Jennifer Hayden's The Story of My Tits (Top Shelf), released in October with a starred review from PW, is more than a memoir of her illness, it's the story of her life. Her breasts provide a structure for the story, from her childhood, when she stuffed rocks into her bikini to fill it out, through late-blooming adolescence, dealing with her mother's breast cancer and the family issues that brought to the fore, her own love story, motherhood, and finally, saying goodbye to her breasts with a double mastectomy due to breast cancer.
Like Roz Chast's graphic memoir, Can't We Talk About Something More Pleasant, Hayden's book uses the medium of comics to tell a very personal story that speaks to readers far beyond the traditional audience for graphic novels.
Why did you decide to tell your story as a graphic novel?

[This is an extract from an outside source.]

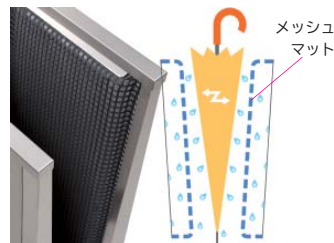

1WAY使用方法

2WAY方式 2WAYタイプのみ

1WAYタイプだけでも十分しずくをはらえますが更に最後の仕上げとして、さし込みタイプのクロスマットに傘をさし込み3~4回上下させる事でしずくをふき取ります。
吸い取られた雨水は逆戻りする事なく内部のコーティング膜に沿って落下します。
※マットは抗菌処理済み。

I wanted something that would take my voice and transmit it to the reader as easily as if I was having a beer with them at the kitchen table. I wanted that informality and immediacy. I didn’t want to be a formal speaker. I didn’t want my words to get in the way. I wanted it to be colloquial.
Your experience with breast cancer is the climax of the story. Why is that?
I could have done this book as "I'm recovering from my mastectomy and this makes me think of so many things,” but I thought that would be so dull—if you already know what has happened it wouldn’t be so exciting. In deciding not to do it that way, I had to lay out everything important to the reader before I got my diagnosis, so they could go through what I went through, and they could literally be me.
This book has a lot of humor for a story about cancer.
I have to say it wouldn't have been so funny if I had died. A lot of things are funny when you survive them. But my husband and I both have kind of gallows humor. Humor had to be part of this book because it was such an underlying part of this story. That's the healing, when you start to laugh. That moment [just before the mastectomy] when they are injecting dye to find my lymph nodes, and they take the needle out and carefully put a Band-Aid on it, and even at that time, when I didn't know I was going to be OK, I looked at my husband and said "Thank God they are taking good care of this breast they are going to lop off."
Did you think about the fact that this might be your readers' first graphic novel?
It was my first graphic novel. As it was my first graphic novel, I was not speaking to aficionados. I was a beginner. I was in discovery mode, and I wasn't going to be doing any sophisticated quotes or homages to anything I was reading. I was just trying not to fall off the back of the truck. I thought my readers might be like me, might not have discovered graphic novels till mid-life, and I thought, "Be real clear. Do not lose them!"
Breast cancer narratives have become increasingly prominent in recent years. How is your book part of that new conversation?
My cancer was 11 years ago. People weren't talking about breast cancer then with as much lightness as they do now. I set out to tell a survivor's story that would be the story of a woman, and the last chapter is cancer, not a cancer story per se. The question is now how do we go on living with our bodies after surgery or the feeling the other shoe is going to fall. You might have an incredibly long life. My mother had a mastectomy at 58. She is now 89, and she's fine. Who are we?